A writing practice for Lent can help us take the time we need to organize our thinking and express ourselves.

This Lent can show us how to take the time we need to put our insights and questions down on paper. The writing itself will help us understand ourselves better. Having things written down gives us the opportunity to read and reflect on them in days to come.

Starting a Writing Practice for Lent

We do not need to motivate ourselves or organize this new writing practice on our own. I have a friend who is an excellent writer and has helped me develop a writing practice.

Robin Rauzi is a friend I know through church. Robin has a Bachelor’s degree in screenwriting from the University of Southern California and a Master’s in journalism from Ohio University. She has worked as an editor at the Los Angeles Times and edits commentary for RAND, a nonprofit think tank.

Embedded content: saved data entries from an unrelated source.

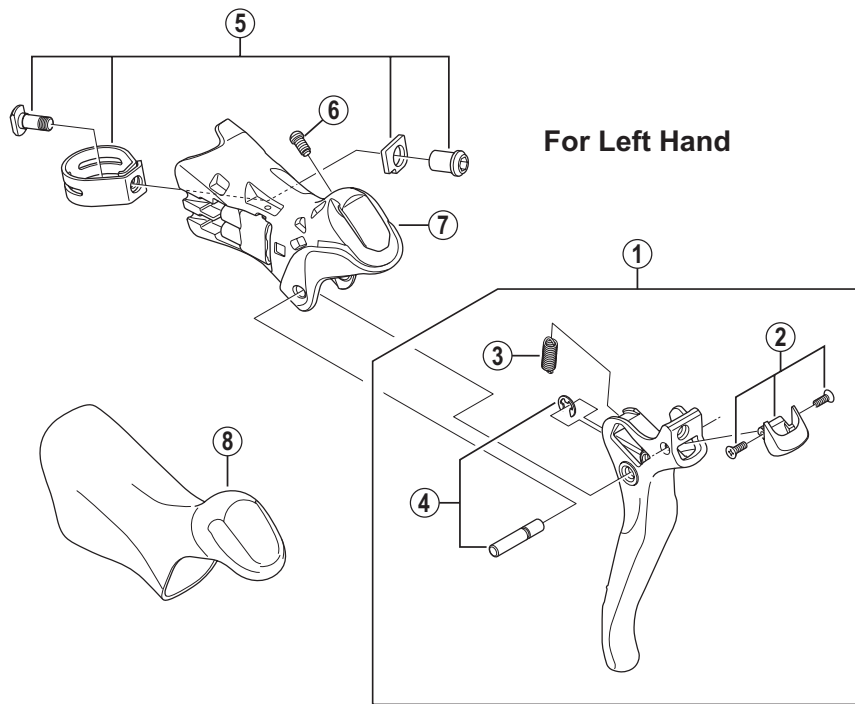

ALFINE Brake Lever BL-S705-L

ITEM NO.	SHIMANO CODE NO.	DESCRIPTION	INTERCHANGEABILITY	
1	Y8W998010	L.H. Main Lever Assembly (Black)		
	Y8W998020	L.H. Main Lever Assembly (Silver)		
2	Y6DZ98030	Name Plate & Fixing Screws		A
3	Y6VE17000	Return Spring	A	A
4	Y6VE98030	Lever Axle & E-Ring	A	A
5	Y6DZ98040	Clamp Band Unit (ø23.8 mm - ø24.2 mm)	A	A
6	Y6DZ49000	Grip Adjusting Screw	A	A
7	Y8W998030	L.H. Bracket		
8	Y6VE98060	Bracket Covers (Pair)		A

A: Same parts.

B: Parts are usable, but differ in materials, appearance, finish, size, etc.

Absence of mark indicates non-interchangeability.

ST-6770
ST-S705

Jan.-2013-3300
© Shimano Inc. I

Specifications are subject to change without notice.

A few years ago Robin was inspired to add something to her life instead of giving something up for Lent. She began a writing practice for Lent, writing on a blog each day and posting it on social media. Her practice that year transformed the way she wrote and how she understands writing.

The next year, after some time in mediation and contemplation, Robin became convinced she should create a writing program based on what she had learned about Lent. She began with a handful of people she knew, including me, and created a writing practice bootcamp to help people start their own practices. Robin designed it to have some structure with daily writing prompts and multiple motivators to help people keep going.

A few years ago Robin created a version of her bootcamp specifically for Lent called 40 Days + 40 Writes. She uses the revised daily lectionary as the source for her writing prompts. The prompts themselves are not specifically Biblical and anyone can write from them. Robin began offering 40 Days + 40 Writes people at our church, and to previous participants. I also participated in 40 Days + 40 Writes. This Lent she is reaching out to other congregations.

It is a helpful way to begin a writing practice.

Beginning a Writing Practice This Lent

I have participated in Robin’s program twice, and have learned practical lessons about writing as a spiritual practice.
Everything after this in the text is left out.